Gerstein M, Lin J, Hegyi H
Department of Molecular Biophysics & Biochemistry, Yale University, New Haven, CT 06520, USA.
Pac Symp Biocomput. 2000:30-41. doi: 10.1142/9789814447331_0004.
We survey the protein folds in the worm genome, using pairwise and multiple-sequence comparison methods (i.e. FASTA and PSI-blast). Overall, we find that approximately 250 folds match approximately 8000 domains in approximately 4500 ORFs, about 32 matches per fold involving a quarter of the total worm ORFs. We compare the folds in the worm genome to those in other model organisms, in particular yeast and E. coli, and find that the worm shares more folds with the phylogenetically closer yeast than with E. coli. There appear to be 36 folds unique to the worm compared to these two model organisms, and many of these are obviously implicated in aspects of multicellularity. The most common fold in the worm genome is the immunoglobulin fold, and many of the common folds are repeated in various combinations and permutations in multidomain proteins. In addition, an approach is presented for the identification of "sure" and "marginal" membrane proteins. When applied to the worm genome, this reveals a much greater relative prevalence of proteins with seven transmembrane helices in comparison to the other completely sequenced genomes, which are not of metazoans. Combining these analyses with some other simple filters allows one to identify ORFs that potentially code for soluble proteins of unknown fold, which may be promising targets for experimental investigation in structural genomics. A regularly updated worm fold analysis will be available from bioinfo.mbb.yale.edu/genome/worm.

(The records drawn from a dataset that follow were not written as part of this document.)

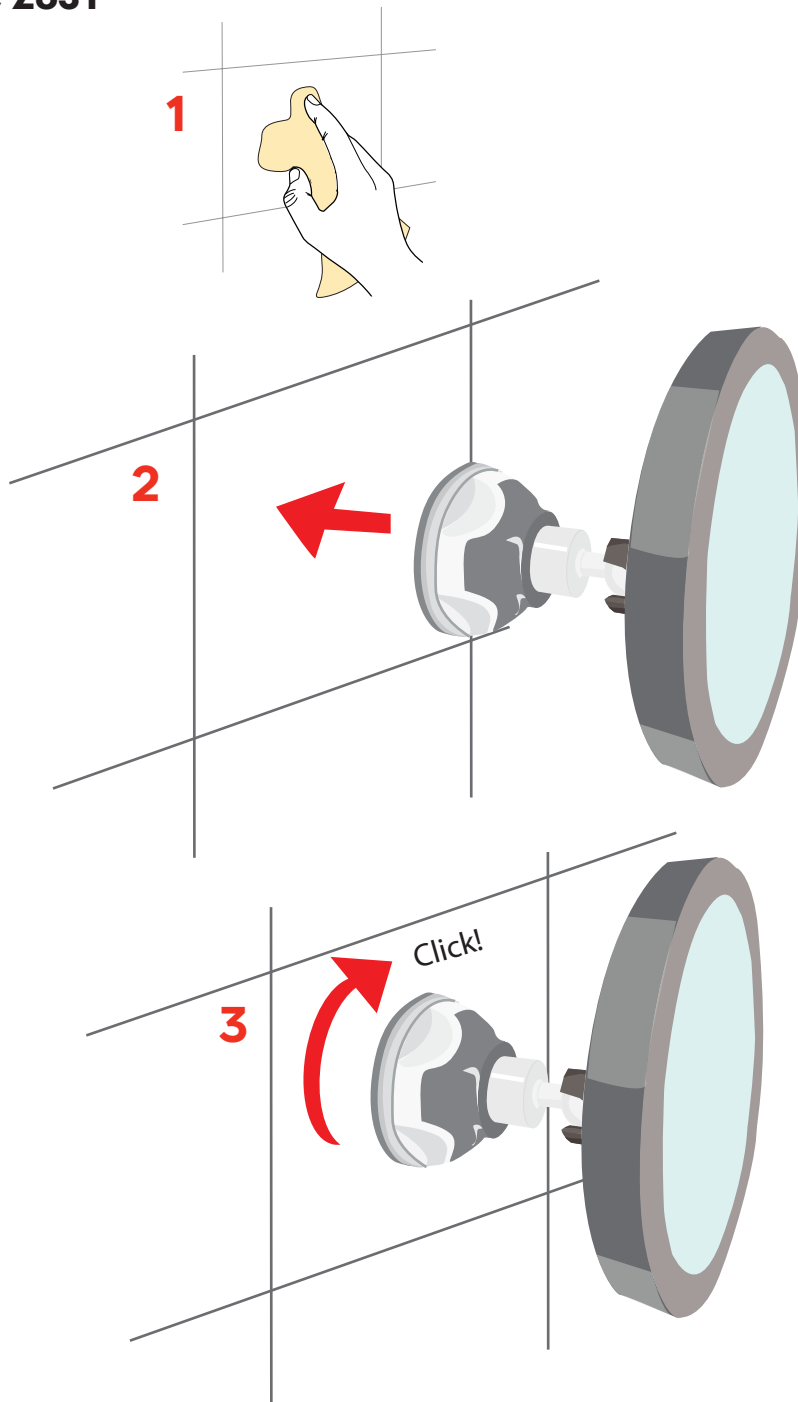

BESLAGSBODEN

FITTING INSTRUCTIONS

LED Mirror with suction cup

Z/ZB630, Z631

Please recycle the outer package as card board.
Vänligen sortera ytterförpackningen som kartong/well.
Venligst genbrug den ydre emballage som karton.
Venligst kildesortera den ytre forpackningen som kartong/well.
Kierrätä ulkopakkaus kartonkina.
Recyclen Sie die äußere Verpackung als Karton/Pappe.

我们使用成对和多序列比较方法(即FASTA和PSI-blast)对线虫基因组中的蛋白质折叠进行了研究。总体而言,我们发现约250种折叠与约4500个开放阅读框(ORF)中的约8000个结构域相匹配,每个折叠约有32个匹配,涉及线虫ORF总数的四分之一。我们将线虫基因组中的折叠与其他模式生物(特别是酵母和大肠杆菌)中的折叠进行了比较,发现线虫与系统发育关系更近的酵母共享的折叠比与大肠杆菌更多。与这两种模式生物相比,线虫似乎有36种独特的折叠,其中许多显然与多细胞性的各个方面有关。线虫基因组中最常见的折叠是免疫球蛋白折叠,许多常见折叠在多结构域蛋白质中以各种组合和排列形式重复出现。此外,还提出了一种识别“确定”和“边缘”膜蛋白的方法。将该方法应用于线虫基因组时,发现与其他非后生动物的完全测序基因组相比,具有七个跨膜螺旋的蛋白质相对丰度要高得多。将这些分析与其他一些简单筛选相结合,可以识别出可能编码未知折叠可溶性蛋白质的ORF,这些可能是结构基因组学实验研究的有前景的目标。线虫折叠分析的定期更新版本可从bioinfo.mbb.yale.edu/genome/worm获取。